→ **WHAT YOU WILL DO**
Please repeat the records exactly. The pictures are to be left out.

Saved data entries
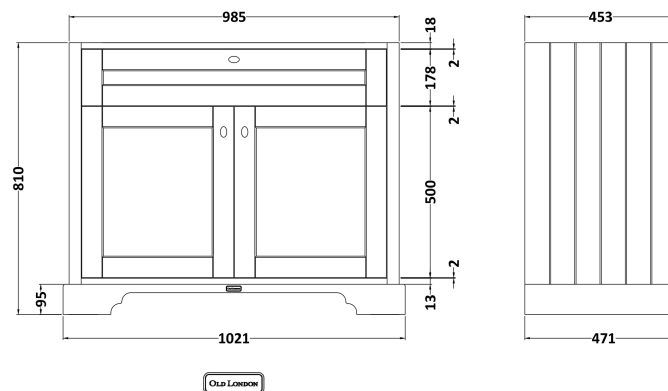

### Product Dimensions

Height (mm):	810
Width (mm):	1021
Depth (mm):	471
Nett Weight (kg):	43.5

### Packaging Dimensions

Height (mm):	850
Width (mm):	1055
Depth (mm):	510
Gross Weight (kg):	43.5

### Product Dimensions

Height (mm):	268
Width (mm):	1020
Depth (mm):	470
Nett Weight (kg):	18

### Packaging Dimensions

Height (mm):	250
Width (mm):	1100
Depth (mm):	580
Gross Weight (kg):	18.5

→ **SOLUTION FOR THIS PROBLEM**
### Product Dimensions

Height (mm):	810
Width (mm):	1021
Depth (mm):	471
Nett Weight (kg):	43.5

### Packaging Dimensions

Height (mm):	850
Width (mm):	1055
Depth (mm):	510
Gross Weight (kg):	43.5

### Product Dimensions

Height (mm):	268
Width (mm):	1020
Depth (mm):	470
Nett Weight (kg):	18

### Packaging Dimensions

Height (mm):	250
Width (mm):	1100
Depth (mm):	580
Gross Weight (kg):	18.5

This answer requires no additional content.